The Court is satisfied that the criteria by reference to which NAMA must exercise its discretion in making any decision to acquire specified eligible bank assets are sufficiently delineated in s. 84 to permit borrowers in the position of the appellants to effectively pursue before the courts any relief which they may claim to be entitled by way of judicial review.
Moreover, there is another aspect to the prejudicial impact which the appellants claim they will suffer as a consequence of the broad definition of an eligible bank asset and the allegedly vague criteria according to which NAMA should exercise its powers. This concerns the right of the appellants to be duly informed by NAMA of a proposal to acquire eligible assets relating to their borrowings, should that occur, and their right to make representations for the purpose of protecting their rights or interests, as found in the several judgments of the Court delivered today on the separate issue concerning fair procedures. Reference should be made to those judgments for their respective analysis and reasons for so concluding.
As noted above counsel for the appellants acknowledged in their submissions that there was a parallel between their arguments on this point and those relating to a constitutional right to fair procedures. Indeed at one point in the course of his oral submissions counsel for the appellants stated that much of his argument was based on the premise that he would be unsuccessful in relation to the fair procedures point.

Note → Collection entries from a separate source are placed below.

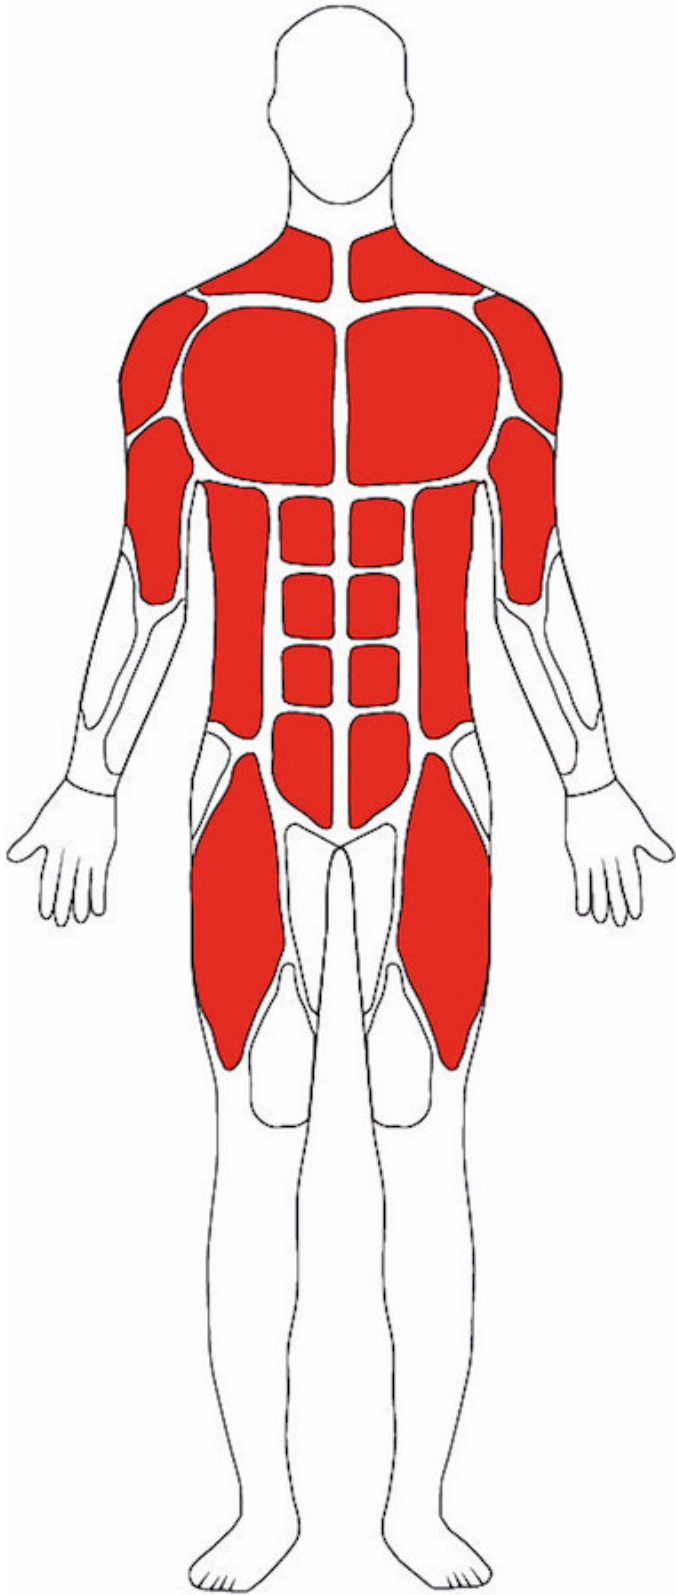

### PRODUCT DESCRIPTION

Die Calpark L Station besteht aus robustem Stahl und Edelstahl und das Trainieren macht Spaß.

#### Produktdetails:

- Höhe: 230cm

Länge: 523 cm

Breite: 310 cm

Sicherheitsbereich: 44m<sup>2</sup>

Fallhöhe: 144 cm

• Zielgruppe:

Anfänger

70%

Senioren

70%

Sportler

100%

• Sicherheitsbereich:

- Beanspruchte Muskelgruppen:

- **Forderung der Komponente:**

In the light of the decision given by the Court, in its several judgments delivered today on the issue of fair procedures, the appellants, in the event of NAMA proceeding to acquire any eligible assets related to them, will be entitled to be afforded an opportunity to make appropriate representations to it as indicated above. NAMA will be bound to take account of those representations. Following such a process borrowers in a position such as the appellants will be entitled to seek relief by way of judicial review if it is considered that the decision of NAMA has not been made in accordance with the terms of s. 84, as interpreted by the judgments of the Court referred to, and there are no grounds for considering that the appellants would in any way be hindered or restricted in their ability to seek such relief from the Court in its capacity to pronounce on such an application.
In all these circumstances the provisions of s. 69 cannot be considered an unjust attack on the property rights of the appellants. Also in those circumstances the issue of breach of the principle of disproportionality does not arise.
Consequently the argument of the appellants that the alleged vagueness of the criteria according to which NAMA exercises its power to acquire an asset would deprive it of an opportunity to have an effective remedy by way of judicial review cannot be considered as having been substantiated.
For these reasons the appellants appeal on this constitutional ground is dismissed.